Rio and ERA to work together on uranium sales

Andrew Duffy
Mining Net News

ENERGY Resources of Australia has sealed a sales and marketing deal that will see Rio Tinto Uranium cover any shortfall in production from the Ranger mine in the Northern Territory.

Under the deal uranium oxide produced by ERA will be sold to Rio's uranium division and pooled with product from the Rossing mine in Namibia.

The combined pool will be marketed and sold by Rio to its global customers.

ERA said the agreement would give its customers the benefit of multi-sourced supply and would also provide working capital and logistics benefits.

The logistics benefits come through ERA and Rossing delivering to customers that are geographically closer to their operations.

The price received by ERA for sales into the combined pool will reflect the price received from Rio's customers minus a marketing fee.

It is proposed all of ERA's sales will be made through the new arrangement from the start of July and the company said it had the right to audit the performance of the agreement.

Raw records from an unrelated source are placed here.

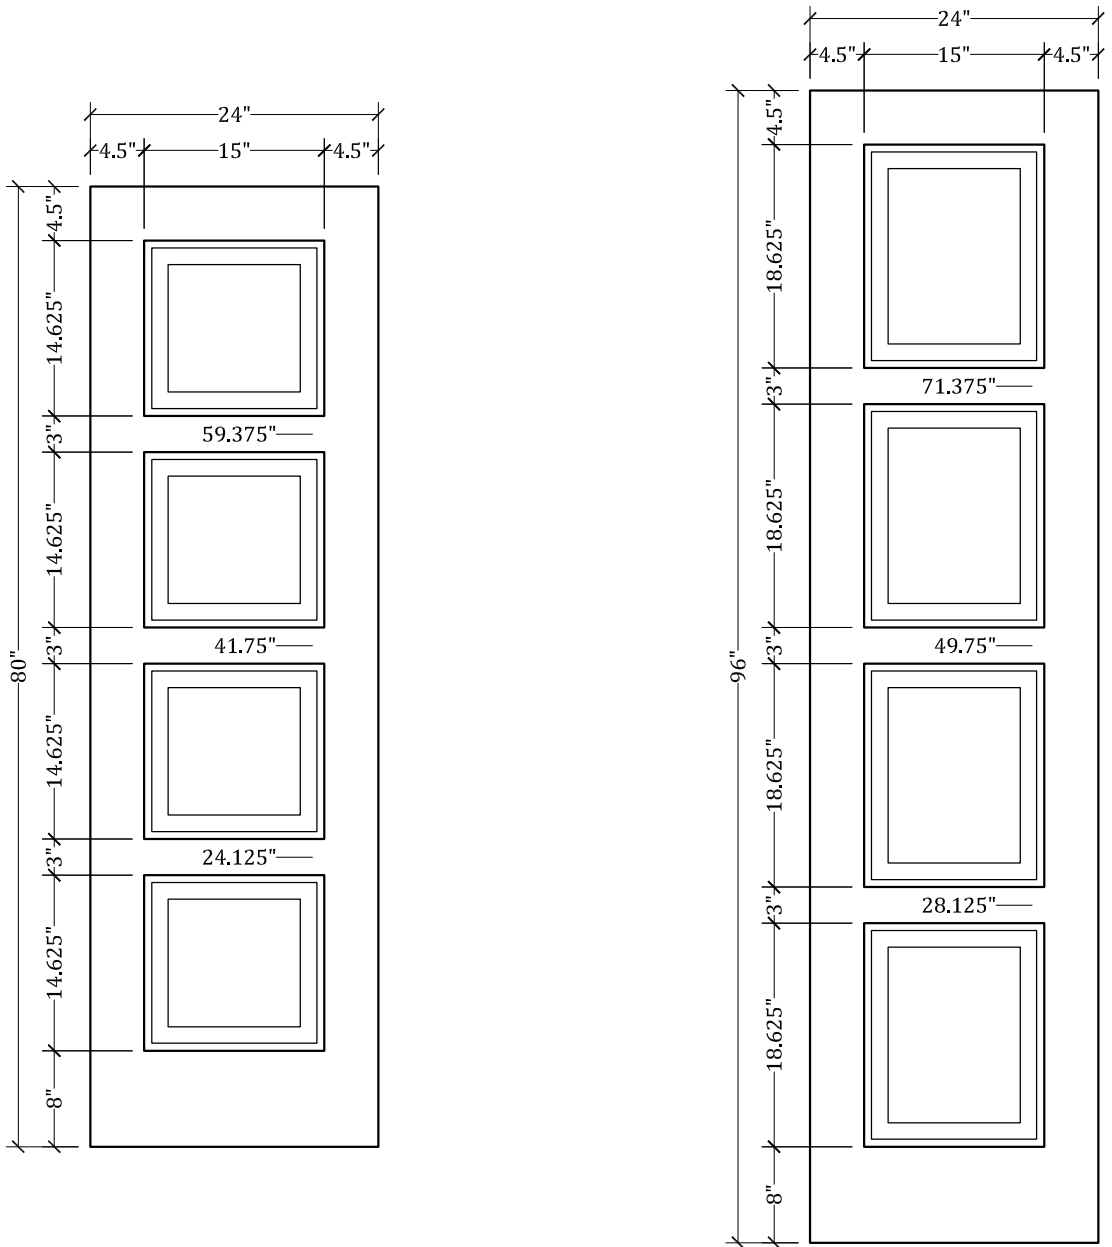

UPSTATE DOOR

FINE DOOR SOLUTIONS... ONE SOURCE

Layout 1330 Four Panel
(Square Top/Square Panel)

Minimum Width Available is 16" for this Layout

Distinctive Exterior Standard Stiles/Top Rail Are 5-1/2"

*Please View Our Specification Section to View Our Sizing Parameters
for Our Classics Line.*

For more assistance, please contact one of our customer service representatives

1-800-570-8283

sales@upstatedoor.com

www.upstatedoor.com

The deal follows warnings from ERA that it might not be able to meet its supply contracts for the second half of the year due to a halt in operations at Ranger.

Processing at the mine has been suspended since the failure of one of the leach tanks on December 7.

Earlier this month the company reported a quarter without production and said it was working with regulatory authorities to obtain approvals for a restart.

Rio is the majority shareholder in ERA and owns 68% of the company.

ERA shares were last trading 0.6% lower at $A1.34.